The teams worked in two weeks iterations. During each iteration, we aimed to achieve a specific business-oriented goal. At the end of each iteration, we showed to our customer a working software addressing the goal planned for that iteration.

After the demonstration we gathered feedback from the stakeholders about the delivered product and spoke about next development steps.

Once a quarter the teams met with client’s product stakeholders for a planning session where all current priorities were discussed. All involved people met face to face in one place. The client was responsible for bringing business goals they wanted to achieve and ideas on how the goals could be achieved from a business point of view.

During the workshop client’s representatives and engineers agreed on the most important items from the list of priorities for the upcoming quarter and selected those that team will be working on. During the next step, teams planned their work in more details using popular techniques like event storming or user story mapping. As a result of this exercise, the teams had a rough idea of how much time would be needed to achieve their goals. They also identified potential impediments and dependencies with other teams.

After this part all teams came together again and synchronized their plans. At the end of the entire session, the team and stakeholders spent an hour on thinking how next quarter planning might be improved so it would be more informative, efficient, productive and engaging for all participants.


Product differentiator

The client asked us to restrict some operations for a certain group of customers. Similar requests repeated ones or twice again.

We analyzed our backlog to see if there are any other similar requests waiting in a queue. Based on that analysis we asked our PO additional questions about the nature of the problem and proposed to create a solution to restrict specific operations to multiple customer segments. We prepared a matrix of different combinations of restrictions for different groups of users on the account and user level. When the feature was validated with end-users it turned out it became a good product differentiator on the market.


Microservices implementation

Our goal was to implement microservices in a way that guarantees data consistency in the complex financial domain.
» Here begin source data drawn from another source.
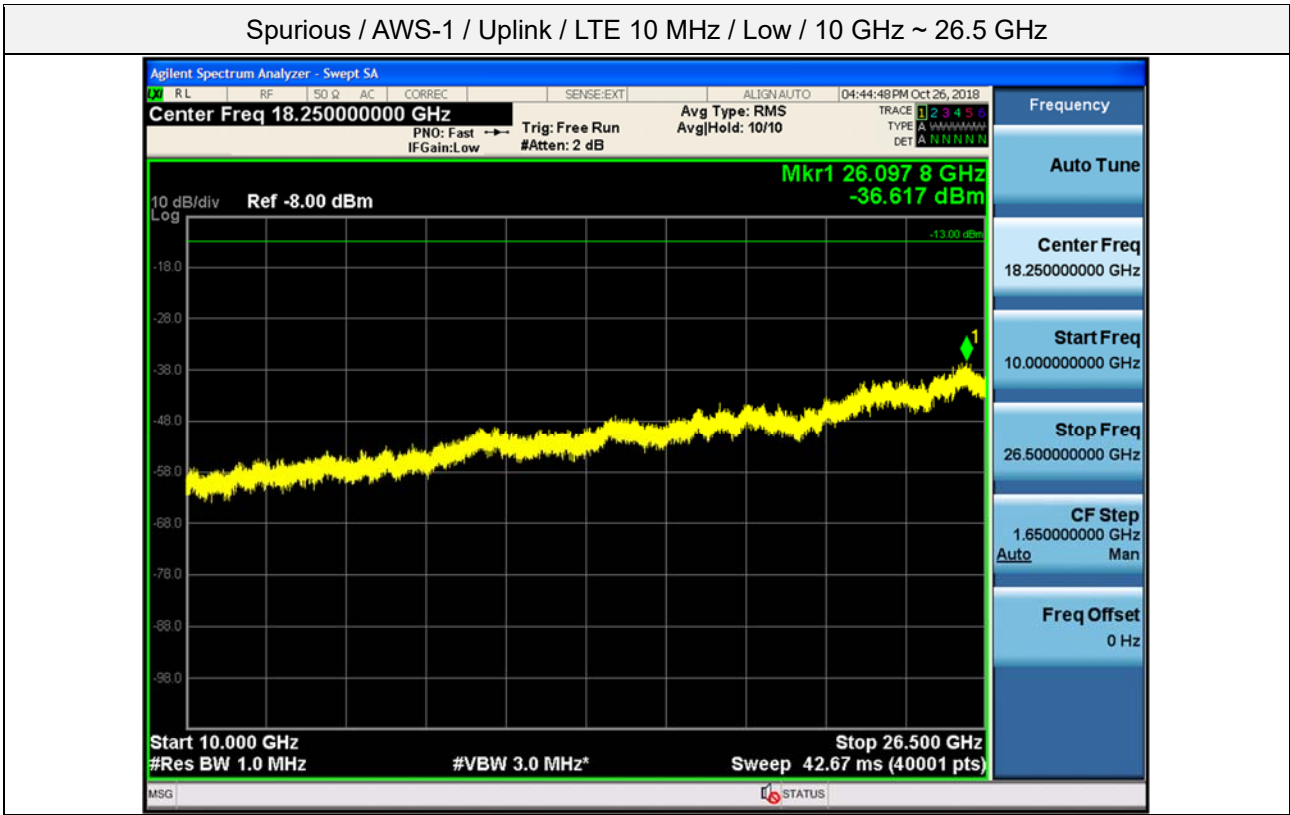

Spurious / Cellular / Downlink / LTE 5 MHz / High / High edge ~ 2 GHz

Spurious / Cellular / Downlink / LTE 5 MHz / High / 2 GHz ~ 4 GHz

Spurious / Cellular / Downlink / LTE 5 MHz / High / 4 GHz ~ 6 GHz

Spurious / Cellular / Downlink / LTE 5 MHz / High / 6 GHz ~ 8 GHz

Spurious / Cellular / Downlink / LTE 5 MHz / High / 8 GHz ~ 10 GHz

Spurious / AWS-1 / Uplink / LTE 10 MHz / Low / 9 kHz ~ 150 kHz

Spurious / AWS-1 / Uplink / LTE 10 MHz / Low / 150 kHz ~ 30 MHz

Spurious / AWS-1 / Uplink / LTE 10 MHz / Low / 30 MHz ~ Low edge

Spurious / AWS-1 / Uplink / LTE 10 MHz / Low / High edge ~ 10 GHz

Spurious / AWS-1 / Uplink / LTE 10 MHz / Middle / 9 kHz ~ 150 kHz

Spurious / AWS-1 / Uplink / LTE 10 MHz / Middle / 150 kHz ~ 30 MHz

Spurious / AWS-1 / Uplink / LTE 10 MHz / Middle / 30 MHz ~ Low edge

Spurious / AWS-1 / Uplink / LTE 10 MHz / Middle / High edge ~ 10 GHz

Spurious / AWS-1 / Uplink / LTE 10 MHz / Middle / 10 GHz ~ 26.5 GHz

We wanted all of them to work independently with a good amount of data redundancy so that failure in one place was not visible to the end-user.

We knew that it’s absolutely crucial to establish guidelines for cross-cutting concerns such as – monitoring, configuration, contract validation etc. We run multiple sessions across developers to make sure everyone is on the same page. Technologically, we chose Spring Boot + Spring Cloud powered by HashiCorp and AWS tools.

Continuous delivery

Apart from a business change that needed to happen, we knew that continuous delivery to be effective in the microservices world has to be scalable and reliable.

We knew that our Jenkins instance will be modified by different teams. That’s why we selected Groovy DSL powered by our own Groovy component library to deliver code as a solution to that problem. Thanks to that we are able to setup Jenkins instances together with all jobs and pipelines under 5 minutes.


We wanted to have infrastructure that will be used over decades as a means to transition legacy, corporate business into the cloud. We leveraged the scalability of Kubernetes and created a separate small team of DevOps and Developers. Their sole goal was to deliver infrastructure as a code.

We knew that we will host multiple different projects so ease of change, transparency and auditability are key drivers. We used AWS, Terraform, Chief and multiple open-source tools
to deliver on that promise.

Standalone R&D team

Pragmatic Coder’s team was acting as an almost standalone R&D branch, holding great control over most of the technical and architectural aspects of these systems.

Products we were working on were the first cloud-based, fully distributed (microservices) products ever made by the customer, so somewhere along the road the Pragmatic Coder’s dedicated software development team adjusted from simply developing standalone product to setting up a set of tools and practices that were later scaled up and reused by other parts of the customer’s company.